Hi, About a month ago, my father went to the dentist for a tooth that was infected. They put him on antibiotics and they were going to do a root canal after he returned from visiting me in France. He came to visit, and although his tooth was fine, he had a constant sinus problem, and was really tired a lot. When he finished the antibiotics, his sinus issue became worse, we took him to get more antibiotics and some steriods, but nothing made it better. He returned around the 12th of Aug. and has had yet another course of antibiotcs but has gotten steadily worse with consistant fever etc. Finally a week ago a blood test, mucus test and ct scan were done. They admitted him as his blood results were very high. He began having pain as well in his side in between ribs. After the scan, they informed him there was a mass about 3/4" big in his right lung and fluid in the `chest cavity`. They had an oncologist talk to him and he said he thought is was lung cancer. Just before he left to see me, he was working in a very wooded area behind his house with no mask. My question is this, they do not have the mucus results back, and they do not have the results from the fluid they removed from his lung back either yet. NO ONE is looking at possible fungal infection. Is is possible this `mass` (and fluid) in his lung is related to his sinus issue and that is could be a fungal issue?? He had no real cough or problem before this sinus infection business to indicate any problem with lungs or otherwise, so it`s quite a shock.
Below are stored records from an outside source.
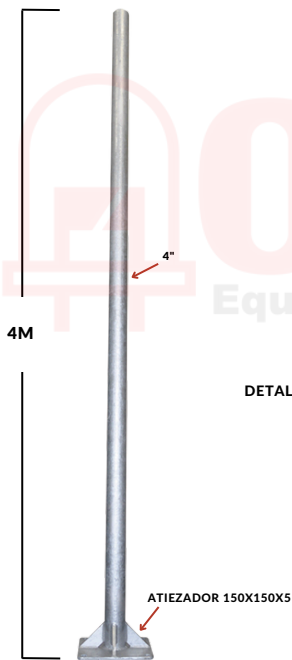

DIAMETRO SUPERIOR 114,3MM

DETALLE DEL CANASTILLO

DETALLE TAPA DE REGISTRO

DETALLE DE LA PLACA

DIAMETRO INFERIOR 114,3MM

E= 10MM

POSTE TUBULAR 4 METROS | PLACA BASE | CANASTILLO DE FIJACIÓN

They seem to be treating his sinus issue and the lung issue as two completely seperate issues, is that the norm? Thanks for your time.


A lung nodule, and associated fluid, can represent a variety of problems, including cancer and infection. The key is to obtain samples and evaluate them: fluid samples, lung biopsies, etc. While it is possible to make educated predictions, the diagnosis will depend on the microbiology and cytology/pathology results.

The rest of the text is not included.